Though the US Central Command condemned the attack, both the White House and the State Department remained silent. To be sure, Washington’s diplomatic engagement with the Autonomous Administration has declined since Russia’s occupation of Ukraine in February 2022. Senior Syrian Kurdish officials were told to put off a planned trip to Washington in February even after being issued visas for it, Al-Monitor previously reported.
This was likely to head off potential Turkish fury ahead of a NATO summit that was held earlier this month in Vilnius and where it was hoped Ankara would approve Sweden’s formal admittance into the alliance. Instead, Erdogan agreed to tell the Turkish parliament to ratify Swedish membership but then went on to say that parliament was going into summer recess until October. Hence, the issue remains unresolved.
“The United States only pays attention to North and East Syria and the wider Kurdish issue when there’s a crisis, and by then it’s often too late for the most meaningful strategic action,” observed Meghan Bodette, director of research at the Washington-based Kurdish Peace Institute.

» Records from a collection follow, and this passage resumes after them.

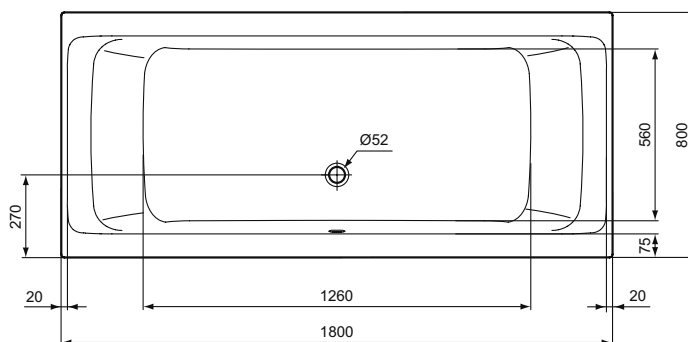

Покрытие / цвет

- 01 Euro White (Евробелый)
- V1 Silk White (Белый матовый)
- 67 Neutral (Нейтральный)
- AA Chrome (Хром)
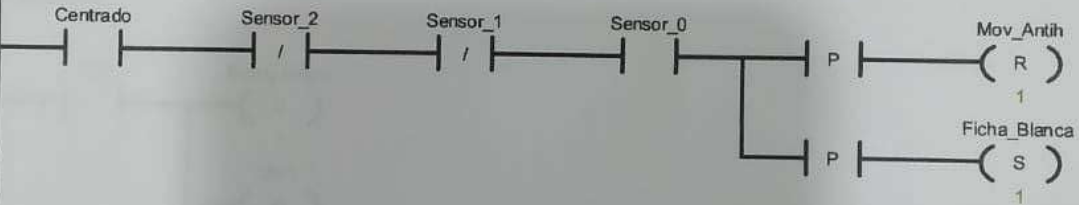

ESTACIONES 802Baaa / PRINCIPAL (OB1)

Bloque: PRINCIPAL
Autor:
Fecha de creación: 16.04.2024 1:39:27
Fecha de modificación: 24.04.2024 3:35:46

Símbolo	Tipo var.	Tipo de datos	Comentario
	TEMP		
	TEMP		
	TEMP		
	TEMP		

Comentario de UOP
Network 1 Título de segmento
Comentario de segmento

Símbolo	Dirección	Comentario
Boton_Usuario	I1.0	Botón de Inicio NA sin retención
Mov_Antih	Q0.0	Movimiento antihorario

Network 2

Símbolo	Dirección	Comentario
Centrado	I0.3	Sensor de Centrado
Ficha_Blanca	Q0.1	Despachador ficha blanca
Mov_Antih	Q0.0	Movimiento antihorario
Sensor_0	I0.0	Sensor de Estación 0
Sensor_1	I0.1	Sensor de Estación 1
Sensor_2	I0.2	Sensor de Estación 2
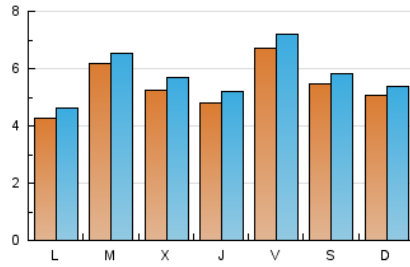

4. Gráficas (Nacional)

4.1 Por día de la semana (promedio)

N. únicos / Visitas (x 100)
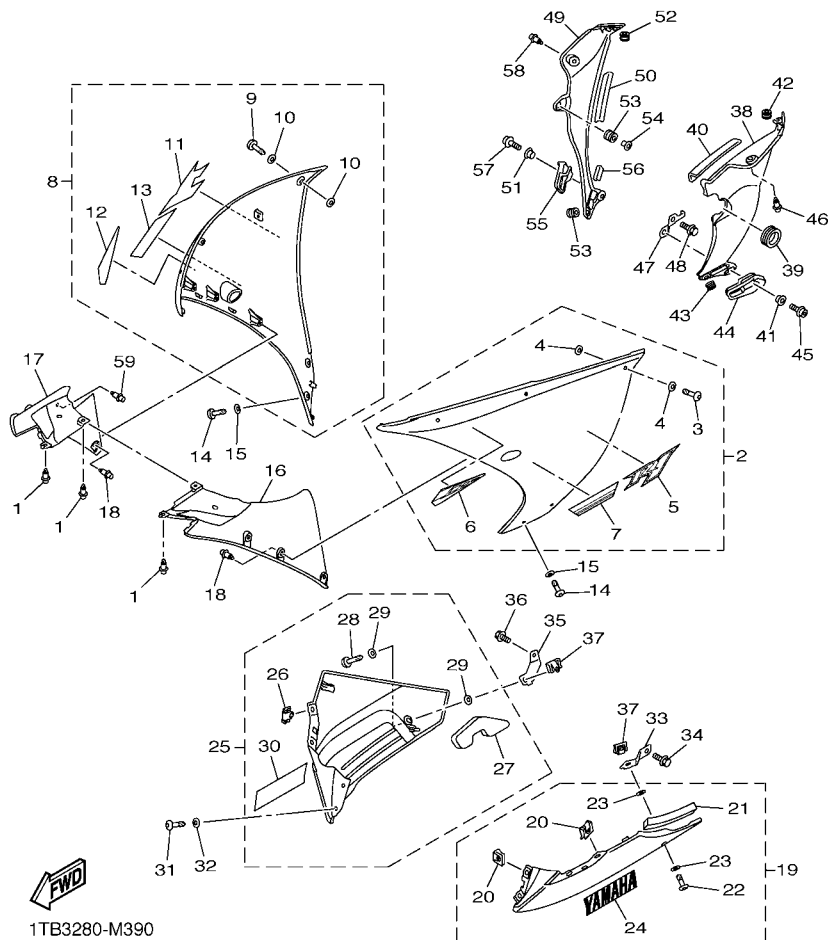

1TB3280-M390

FIG. 39 COBERTURA SUPERIOR 2

REF. NO.	No. PEÇA	DESCRIÇÃO	1TB3		OBSERVAÇÕES
1	90269-06008	REBITE	3		
2	14B-Y283U-W0-P2	PAINEL COMPLETO 1	1		UR PARA DPBMC
	14B-W283U-W0-P3	PAINEL CONJ.1	1		UR PARA SMX
3	14B-28386-00	.PARAFUSO	3		
4	2TK-21757-00	.ARRUELA ESPECIAL 1	6		
5	1KB-2839B-10	.EMBLEMA 3D	1		UR PARA DPBMC
	14B-2839B-10	.EMBLEMA 3D	1		UR PARA SMX
6	14B-28391-A0	.GRAFICO 1	1		PARA DPBMC
7	1KB-28391-20	.GRAFICO 1	1		UR PARA DPBMC
	1KB-28391-50	.GRAFICO 1	1		UR PARA SMX
8	14B-Y283V-W0-P2	PAINEL COMPLETO 2	1		UR PARA DPBMC
	14B-W283V-W0-P3	PAINEL CONJ 2	1		UR PARA SMX
9	14B-28386-00	.PARAFUSO	3		
10	2TK-21757-00	.ARRUELA ESPECIAL 1	6		
11	1KB-2839B-10	.EMBLEMA 3D	1		UR PARA DPBMC
	14B-2839B-10	.EMBLEMA 3D	1		UR PARA SMX
12	14B-28392-A0	.GRAFICO 2	1		PARA DPBMC
13	1KB-28392-20	.GRAFICO 2	1		UR PARA DPBMC
	1KB-28392-50	.GRAFICO 2	1		UR PARA SMX
14	14B-28386-00	PARAFUSO	4		
15	90202-06005	ARRUELA PLANA	4		
16	14B-2836K-00	PAINEL INTERNO 1	1		
17	14B-2836L-00	PAINEL INTERNO 2	1		
18	90269-06008	REBITE	6		
19	14B-Y2808-T0-P2	TAMPA INFERIOR CONJ.	1		BWC1 PARA DPBMC
	14B-Y2808-V0-P1	TAMPA INFERIOR CONJ.	1		MBL2 PARA SMX
20	5PW-2177L-00	.PLACA DA MOLA	4
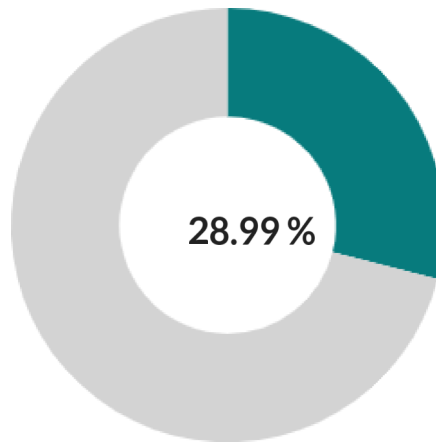

## Participación

### Participación de la Elección

Votantes autorizados: 57206

Participación (Votantes que han votado): **16584** (28.99 %) ⓘ

Abstención (Votantes que no han votado): **40622** (71.01 %) ⓘ

Primer voto: 16/05/2023 9:00 (CEST)
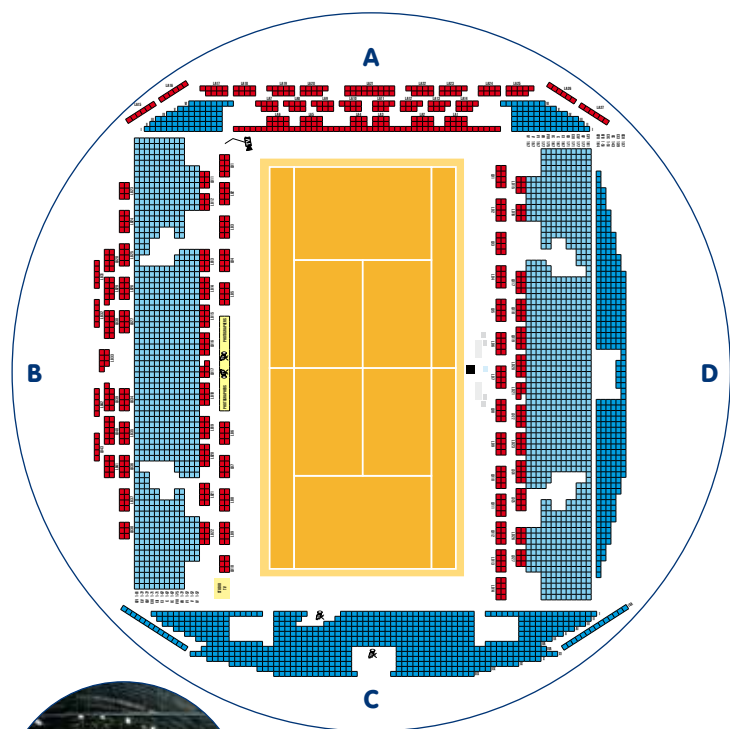

CENTRÁLNA HALA NTC - 6

Šport - sedenie

Tribúna A + lôže	378 miest
Tribúna B lôže horné	154 miest
Tribúna B stavaná	*866 miest
Tribúna B lôže dolné	169 miest
Tribúna C	714 miest
Tribúna D pevná	292 miest
Tribúna D lôže dolné	203 miest
Tribúna D stavaná	*866 miest
Spolu	3642 miest

*Tribúny B a D len rady IV-XVI

Celodenný prenájom: 35 000,- Eur+DPH

Prenájom zahŕňa okrem položiek v Aegon aréne NTC 7: ✓ tréningová hala / VIP priestor - na 1 deň ✓ 43 basketových stolov ✓ 50 rautových stolov (120/50cm, 120/80cm) ✓ 20 párty stolíkov ✓ 1100 ks stoličiek ✓ postavenie mobilnej tribúny B a D vrátane lôží ✓ obrazovky ✓ výmena reklamných banerov ✓ lavičky, empire, sieť ✓ inventár ✓ presscentrum s výbavou ✓ 20x parking v podzemnej garáži ✓ šatne pre hráčov
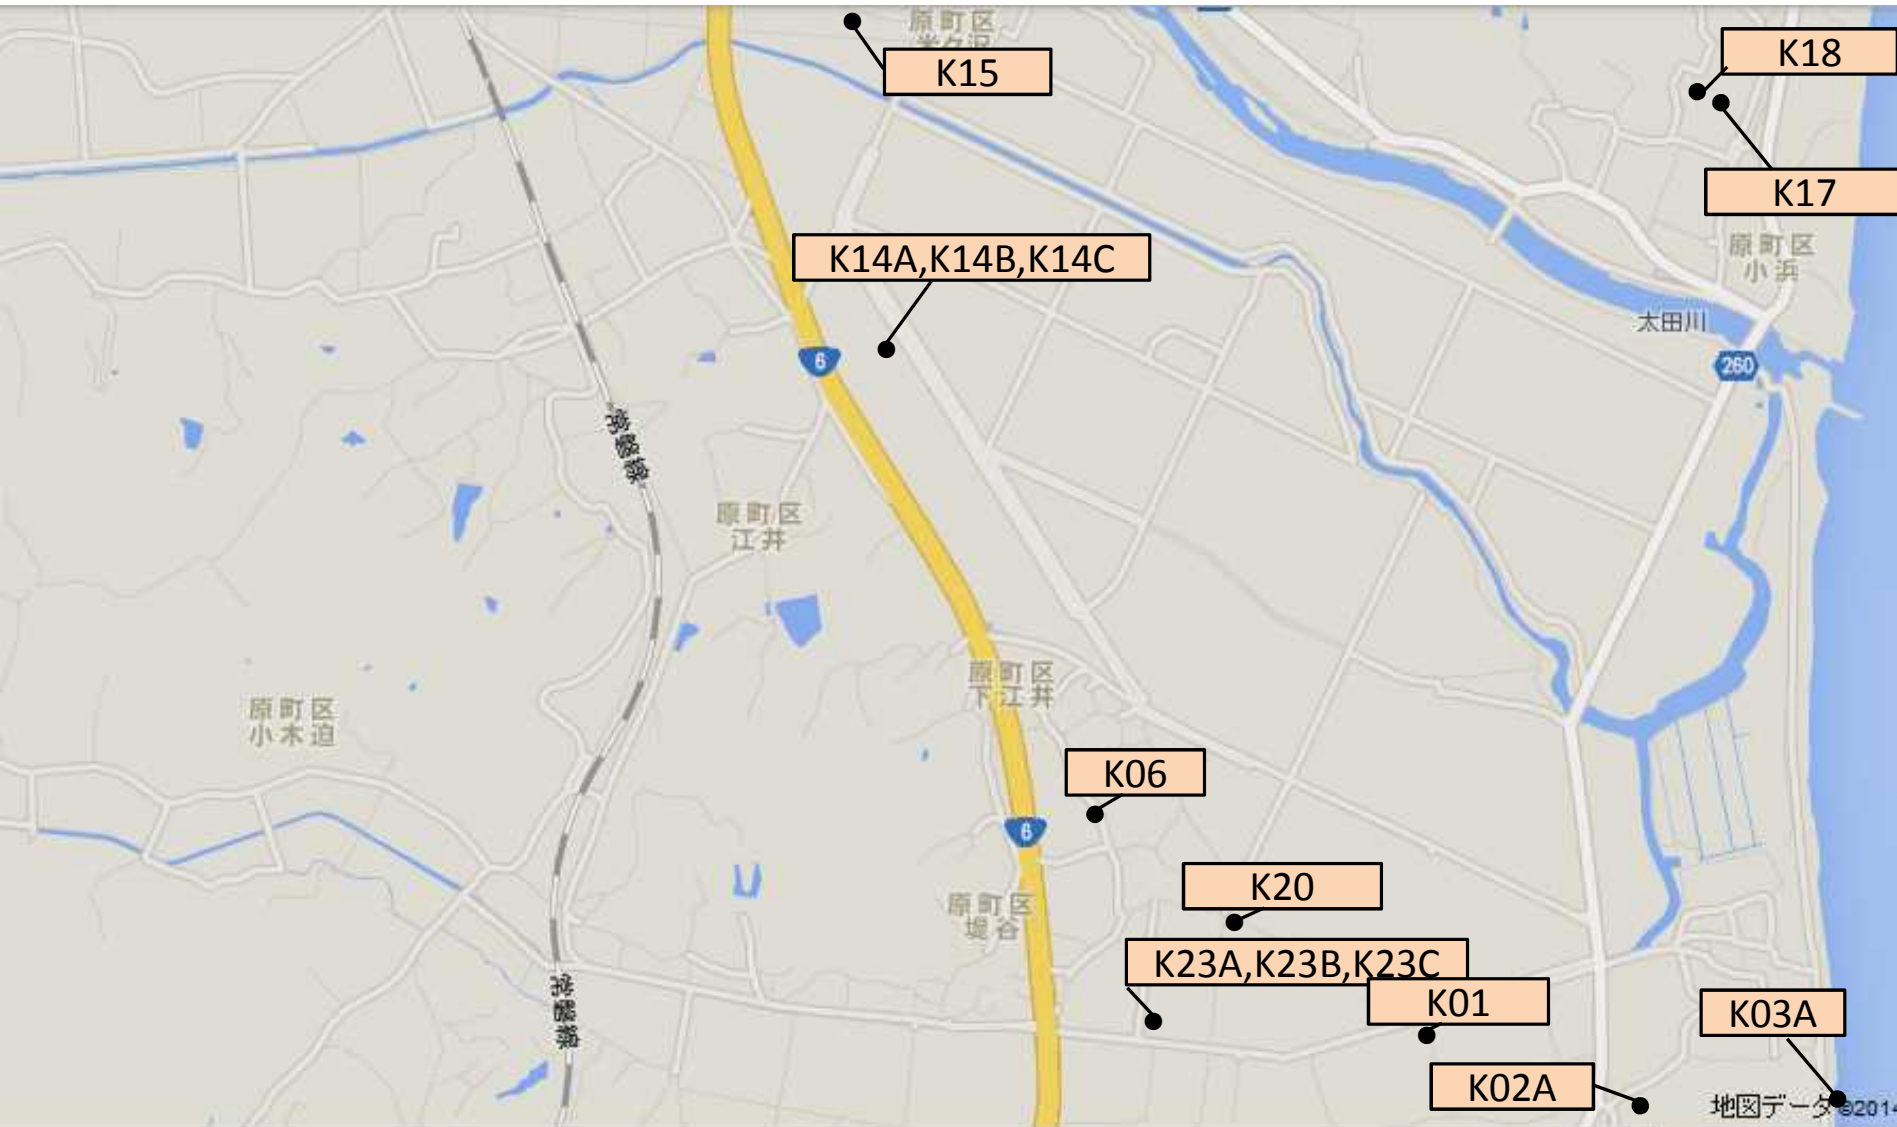

南相馬市旧警戒区域 被災車両等地図

原町区(K地区)被災車両等地図

小高区(M地区)被災車両等地図

小高区(U地区)被災車両等地図

“Fear of antagonizing Turkey during the NATO accession process is not helping here. Maintaining the status quo while US adversaries are moving their strategies forward isn’t enough. Washington should consolidate a proactive, pro-peace position on Turkey, North and East Syria, and the Kurdish question before the next inevitable crisis occurs,” Bodette told Al-Monitor.
In June, the PKK ended a unilateral truce it had called in the wake of twin earthquakes in February that killed over 50,000 people and devastated large swathes of southern Turkey.
It has since been picking off a steady trickle of Turkish soldiers, mostly in Iraqi Kurdistan. However, Turkey’s drones are putting pressure on the PKK as never before. There are no signs that Erdogan is interested in reviving peace talks with imprisoned PKK leader Abdullah Ocalan that were abandoned in 2015.
Data from the Armed Conflict Location and Event Data Project indicates that there have been at least 665 Turkish airstrikes and drone strikes in northern Iraq and northern Syria in the first half of 2023. And as Bodette noted in a recent policy brief, the attacks have picked up since Turkey’s parliamentary and presidential elections, which were held in May. “June was the most violent month of 2023 yet. It saw the fifth-highest number of Turkish strikes in Iraq and the fourth-highest number of Turkish strikes in Syria of any month in the past two and a half years,” Bodette wrote.
The UK’s Guardian reported today that Turkish airstrikes that hit a civilian hospital and killed eight people in 2021 in Yazidi-dominated Sinjar have been made the subject of a formal complaint to the United Nations Human Rights Council, the first such petition of its kind by the Yazidis against Turkey. The complaint was submitted last week by four claimants who were either survivors of or witnesses to the strikes that were carried out on Aug. 17. Turkey claims it was targeting PKK militants. The claimants say that all eight victims were hospital staff.